- Opening Delimiter -
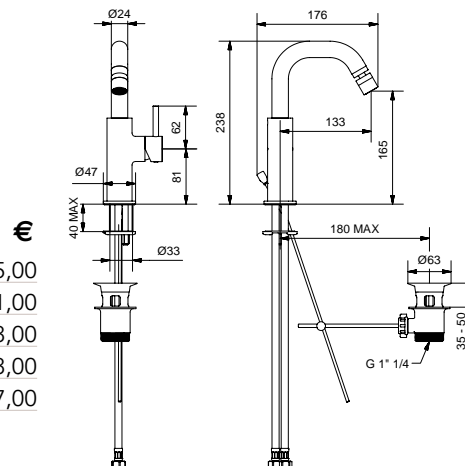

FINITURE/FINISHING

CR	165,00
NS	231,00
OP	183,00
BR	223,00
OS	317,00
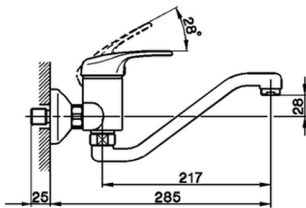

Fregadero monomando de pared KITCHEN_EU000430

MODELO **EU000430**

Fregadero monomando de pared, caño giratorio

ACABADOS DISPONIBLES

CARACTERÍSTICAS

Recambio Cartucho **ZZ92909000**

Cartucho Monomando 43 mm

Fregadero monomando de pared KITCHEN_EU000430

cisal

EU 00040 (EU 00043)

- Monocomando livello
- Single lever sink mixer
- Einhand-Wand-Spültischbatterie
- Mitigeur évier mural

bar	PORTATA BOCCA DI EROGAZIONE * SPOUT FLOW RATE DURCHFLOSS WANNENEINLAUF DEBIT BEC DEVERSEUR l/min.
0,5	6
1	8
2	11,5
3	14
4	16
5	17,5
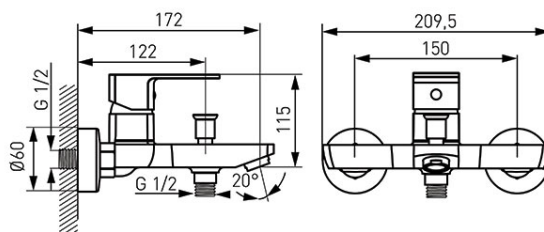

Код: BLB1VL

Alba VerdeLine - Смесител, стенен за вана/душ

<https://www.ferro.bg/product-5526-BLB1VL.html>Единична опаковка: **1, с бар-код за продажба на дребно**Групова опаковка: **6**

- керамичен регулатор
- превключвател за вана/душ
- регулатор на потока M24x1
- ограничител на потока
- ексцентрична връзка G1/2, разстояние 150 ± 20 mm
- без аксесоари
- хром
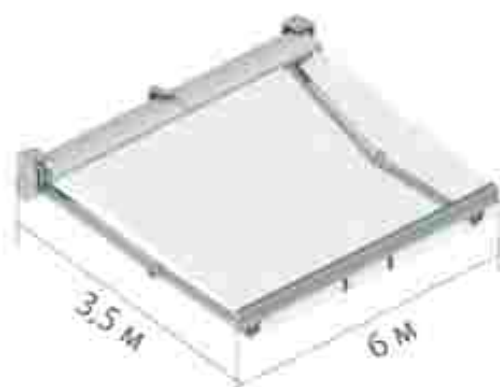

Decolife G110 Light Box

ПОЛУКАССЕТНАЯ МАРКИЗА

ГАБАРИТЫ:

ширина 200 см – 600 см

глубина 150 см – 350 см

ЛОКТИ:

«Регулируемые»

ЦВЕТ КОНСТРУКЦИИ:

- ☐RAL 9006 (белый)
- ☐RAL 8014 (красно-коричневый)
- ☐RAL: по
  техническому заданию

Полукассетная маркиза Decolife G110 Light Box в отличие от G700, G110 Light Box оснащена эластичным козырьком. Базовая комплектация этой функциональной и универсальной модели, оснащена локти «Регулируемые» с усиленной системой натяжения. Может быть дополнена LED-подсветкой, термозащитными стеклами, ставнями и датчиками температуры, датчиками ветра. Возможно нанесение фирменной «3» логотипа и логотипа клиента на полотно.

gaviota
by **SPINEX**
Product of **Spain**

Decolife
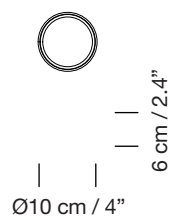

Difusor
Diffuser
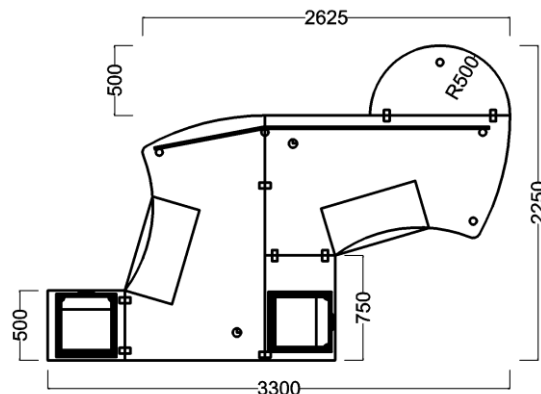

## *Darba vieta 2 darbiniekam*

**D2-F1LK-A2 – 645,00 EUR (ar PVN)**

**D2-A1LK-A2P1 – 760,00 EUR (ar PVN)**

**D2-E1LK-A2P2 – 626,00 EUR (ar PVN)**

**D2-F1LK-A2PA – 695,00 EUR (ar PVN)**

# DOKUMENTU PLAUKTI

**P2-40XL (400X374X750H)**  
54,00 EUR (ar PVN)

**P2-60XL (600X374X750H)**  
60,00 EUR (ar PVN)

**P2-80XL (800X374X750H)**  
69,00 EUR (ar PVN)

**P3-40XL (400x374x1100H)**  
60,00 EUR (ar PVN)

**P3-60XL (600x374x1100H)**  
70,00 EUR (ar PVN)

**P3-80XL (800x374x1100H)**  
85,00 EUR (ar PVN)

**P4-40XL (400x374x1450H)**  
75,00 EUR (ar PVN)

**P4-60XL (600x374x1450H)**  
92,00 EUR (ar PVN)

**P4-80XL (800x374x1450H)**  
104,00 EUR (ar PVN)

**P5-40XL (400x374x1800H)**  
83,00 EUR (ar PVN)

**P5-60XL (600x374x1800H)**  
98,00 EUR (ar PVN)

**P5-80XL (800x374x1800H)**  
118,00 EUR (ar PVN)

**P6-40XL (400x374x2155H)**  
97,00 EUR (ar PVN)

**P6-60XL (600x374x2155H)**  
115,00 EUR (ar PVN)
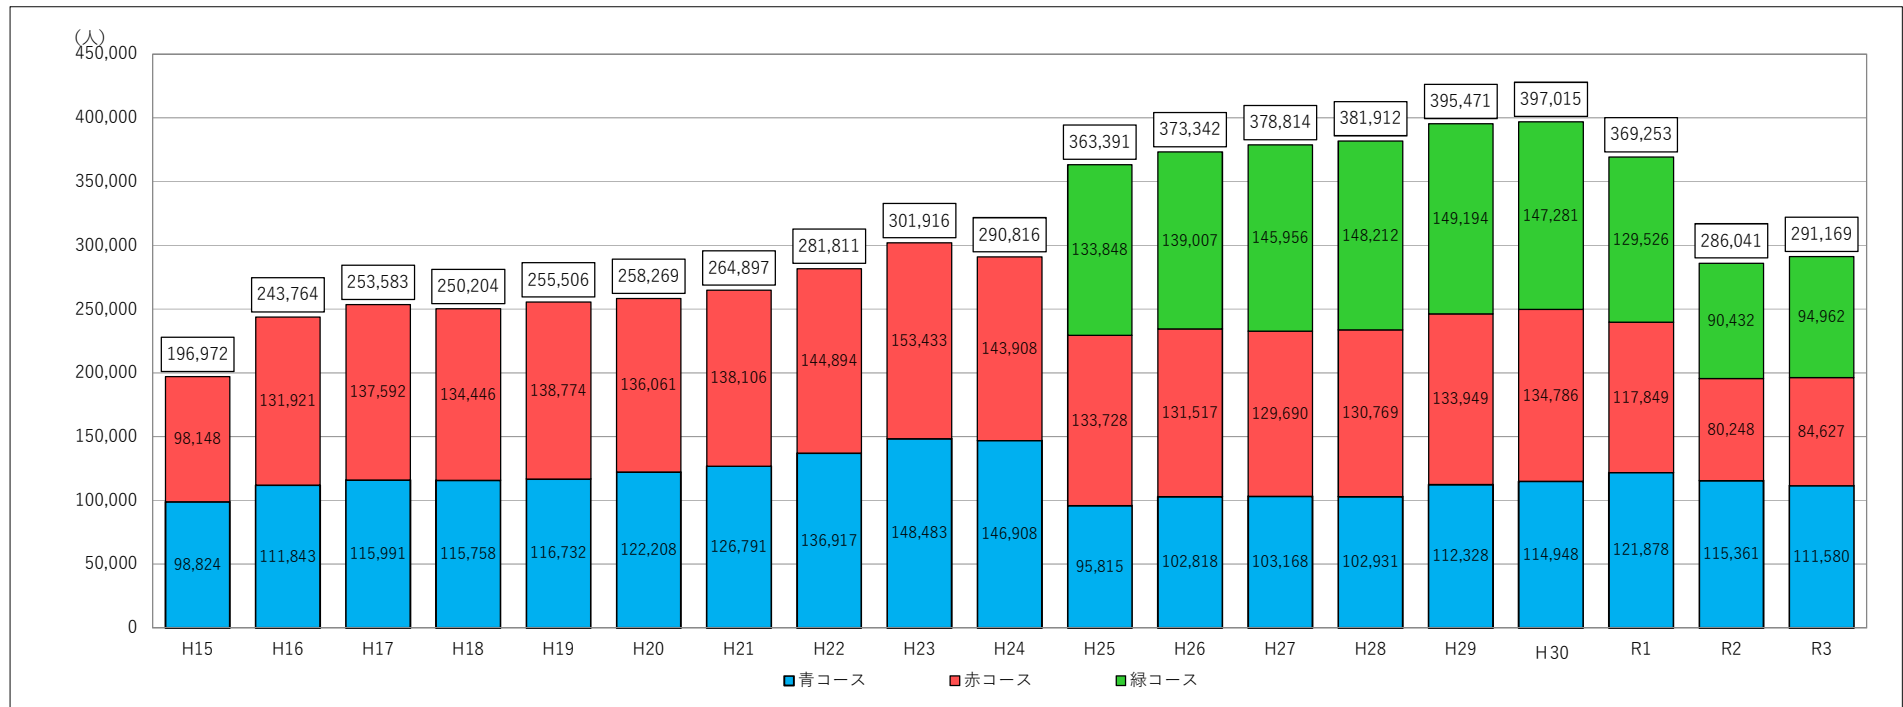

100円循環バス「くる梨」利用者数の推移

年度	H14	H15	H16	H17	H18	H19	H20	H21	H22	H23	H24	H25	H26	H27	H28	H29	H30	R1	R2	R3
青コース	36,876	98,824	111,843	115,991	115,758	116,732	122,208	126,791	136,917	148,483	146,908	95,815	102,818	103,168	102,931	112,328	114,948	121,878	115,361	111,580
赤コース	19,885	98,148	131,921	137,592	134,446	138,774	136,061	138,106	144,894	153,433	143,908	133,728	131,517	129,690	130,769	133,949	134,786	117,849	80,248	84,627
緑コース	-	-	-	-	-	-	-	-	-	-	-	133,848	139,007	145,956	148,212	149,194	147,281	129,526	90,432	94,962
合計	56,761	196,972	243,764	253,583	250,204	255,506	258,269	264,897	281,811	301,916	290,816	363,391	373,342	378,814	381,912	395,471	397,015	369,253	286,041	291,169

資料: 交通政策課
- Closing Delimiter -
- Opening Delimiter -
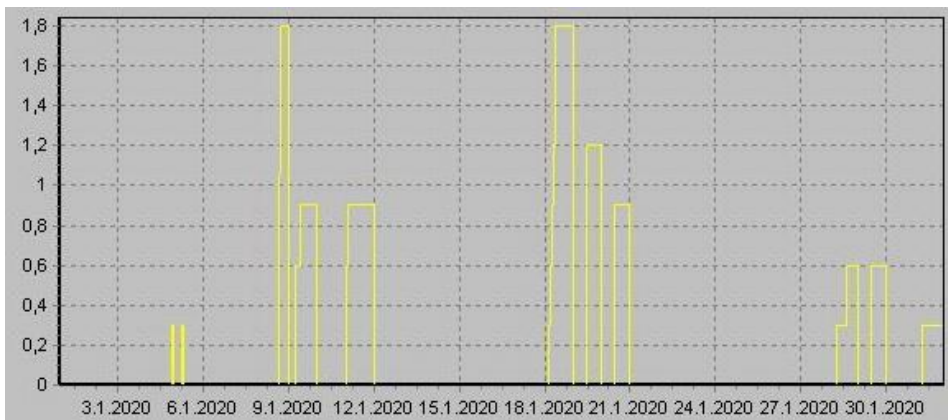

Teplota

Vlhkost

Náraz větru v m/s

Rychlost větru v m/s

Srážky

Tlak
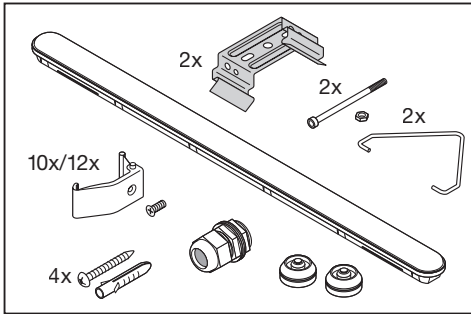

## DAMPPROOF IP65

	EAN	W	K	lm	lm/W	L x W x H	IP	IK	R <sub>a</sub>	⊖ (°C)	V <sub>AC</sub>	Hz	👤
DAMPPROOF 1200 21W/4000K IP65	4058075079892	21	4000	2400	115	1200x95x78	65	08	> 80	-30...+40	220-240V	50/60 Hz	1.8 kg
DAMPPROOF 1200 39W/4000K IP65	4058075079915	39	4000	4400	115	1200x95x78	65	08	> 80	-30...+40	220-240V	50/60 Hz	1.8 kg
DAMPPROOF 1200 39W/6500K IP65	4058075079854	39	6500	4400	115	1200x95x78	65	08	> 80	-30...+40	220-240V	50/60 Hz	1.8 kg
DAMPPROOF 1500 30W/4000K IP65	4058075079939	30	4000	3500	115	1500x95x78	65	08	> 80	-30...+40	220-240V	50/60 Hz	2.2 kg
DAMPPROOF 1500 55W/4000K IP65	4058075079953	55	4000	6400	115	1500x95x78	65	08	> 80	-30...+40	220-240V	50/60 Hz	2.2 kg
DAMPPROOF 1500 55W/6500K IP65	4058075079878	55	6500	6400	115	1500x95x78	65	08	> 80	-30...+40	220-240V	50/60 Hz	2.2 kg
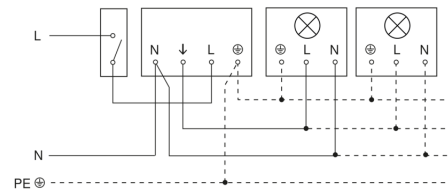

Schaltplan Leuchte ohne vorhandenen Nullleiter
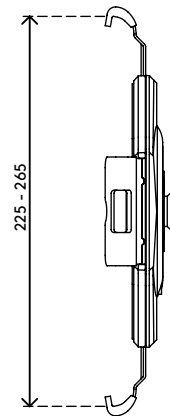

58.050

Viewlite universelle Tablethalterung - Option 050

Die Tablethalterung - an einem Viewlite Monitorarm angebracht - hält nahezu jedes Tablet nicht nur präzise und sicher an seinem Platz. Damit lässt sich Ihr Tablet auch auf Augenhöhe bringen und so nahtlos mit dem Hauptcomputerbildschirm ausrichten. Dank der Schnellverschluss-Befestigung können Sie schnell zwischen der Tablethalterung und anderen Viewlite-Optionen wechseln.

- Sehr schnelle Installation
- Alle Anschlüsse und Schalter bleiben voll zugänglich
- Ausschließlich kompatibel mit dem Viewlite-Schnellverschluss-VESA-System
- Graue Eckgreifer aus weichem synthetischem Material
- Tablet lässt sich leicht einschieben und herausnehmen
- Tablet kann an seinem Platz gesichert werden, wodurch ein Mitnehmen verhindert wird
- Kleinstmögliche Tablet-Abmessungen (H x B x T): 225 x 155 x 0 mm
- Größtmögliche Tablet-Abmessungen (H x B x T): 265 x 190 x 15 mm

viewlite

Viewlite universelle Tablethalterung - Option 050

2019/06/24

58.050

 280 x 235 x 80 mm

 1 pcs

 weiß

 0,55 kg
- Closing Delimiter -
▸ **THE TASK**:
Find the lines in the records above that hold the word "Schnellverschluss", and give only how many there are.

▸ **EXERCISE RESULT**:
2